Васька прошвырял в окно все шкуры и сам залез. Тунгусы покрестились на престол, отворили царские врата и вволокли шкуры в просторное помещение для молящихся. Отыскали в иконостасе образ Николы-чудотворца и к подножию его сложили жертву. А тридцать беличьих и одну лисью шкурки положили отдельно.
– Это батьке отцу Александру, священнику-попу, – сказал старик.
Меж тем Васька взломал ящик со свечами, выбрал десяток самых толстых, поставил в подсвечник перед образом Николы и зажег. Кстати он раскурил и трубку. Но старик крикнул: «Геть!» – выхватил из его рта трубку, бросил на пол и ударил Ваську по затылку. Васька в обиде замигал, засюсюкал что-то, потом быстро побежал в алтарь.
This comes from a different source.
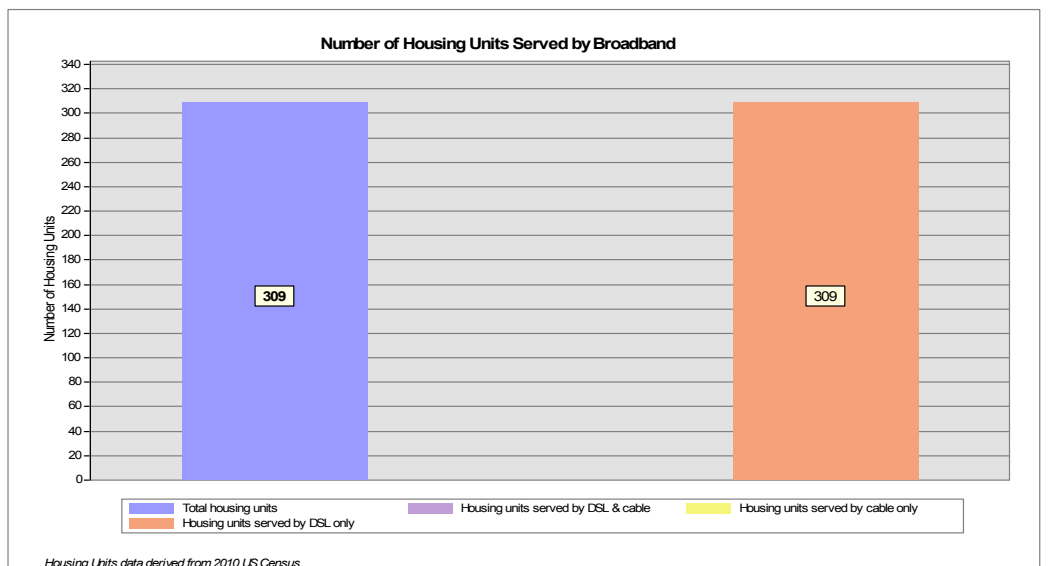

Broadband is defined as access that is at least **768 kbps downstream** and **200 kbps upstream**.

For more information on this project, please visit the NHBMP web site at: iwantbroadbandnh.org

Provider Name

Тунгусы молились, почесываясь и вздыхая. Баба с девчонкой сели на пол, спиной к образу, и рассматривали, причмокивая, весь в золотых звездах синий потолок.
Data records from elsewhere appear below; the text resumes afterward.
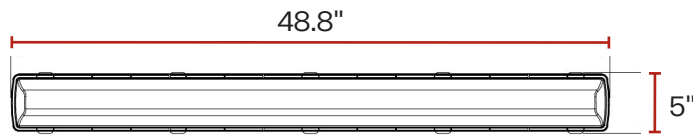

* See Selectable Table for full breakdown

DIMENSIONS

2' DIMENSIONS

Length: 24.8"

Height: 3.5"

Width: 5"

Weight: 4.21 lbs

4' DIMENSIONS

Length: 48.8"

Height: 3.5"

Width: 5"

Weight: 5.95 lbs

8' DIMENSIONS

Length: 94.5"

Height: 3.5"

Width: 5"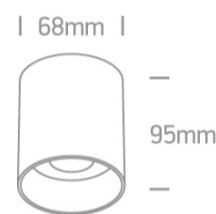

12 Wall & Ceiling>The GU10 Dark Light Aluminium

12105N/W

10W MR16 GU10 White cylinder downlight with Black reflector.

Complies with standard EN60598-1 and any other specific standards.

Downloads

Dimensions

Physical Specification

Item Group	12 Wall & Ceiling
Family	The GU10 Dark Light Aluminium
Order Code	12105N/W
Colour	White
Material	Aluminium
Shape	Circular
Height	95mm
Diameter	68mm
Surface Ceiling	Yes
Indoor	Yes
Adjustable	No

Illumination Diagram

Dark Light

Yes

Packing Info

Box Length

9cm

Box Width

9cm

Васька вынес дымящееся кадило, подал старику, сказал:
– На, штучка три цепочка, махай. Знаешь?
– Мало-мало знаю, – сказал старик Сенкича и стал кадить, кланяться образу, что-то выкрикивать невнятное и петь во весь голос, как в тайге: – Ого-го-го-гой!! Микола-матушка-а-а!..
Все встали на колени и заплакали.
А потемневший Никола хоть по-строгому, но улыбался тунгусам. Васька же, оглаживая возле клироса золотые крылья херувима, удивлялся вслух:
– Один голов, крылья... То ли птица, то ли кто?..
Старик Сенкича затряс головой – седая сплетенная коса его задрыгала, как хвост, – зажмурил узкие гноящиеся глазки и, скривив безусый морщинистый рот, закричал неистово:
– Э-ге-ге-ге-гей!! Бог-матушка, цариц небесный батюшка!..
– Стойте, нечестивые, стойте!
Тунгусы оглянулись на голос вошедшего в храм священника, кадило из рук Сенкичи упало. Мужчины со страху надели шапки.
– Как вы проникли в Божий дом! Через алтарь! Нечестивые, вы осквернили церковь, опоганили...
– Какой опоганили, что ты? Врал твоя! – сказал Сенкича. – Это дым... вон от этинькой махалки... Что ты, батька, отец Лександра, священник-поп.
Батюшка горько улыбнулся, всех благословил и, крестясь, стал благоговейно закрывать царские врата.
– Вот жертва Миколе, вот жертва тебе. – И Сенкича встряхнул ногой лежавшие на амвоне шкурки.
– Неразумный! – с ласковой укоризной сказал священник. – Ежели это жертва мне, отнеси ее в мой дом.
– Нет, – отрицательно потряс Сенкича головой. – Нет, батюшка-отец-священник-поп. Мы притащили жертва Богу, мы сказали ему: «Это отдавай, Бог, батюшке-попу». Вот, батька, бери от Бога сам, а мы тебе не тащим. Пускай Бог подаст тебе... Мы – не надо.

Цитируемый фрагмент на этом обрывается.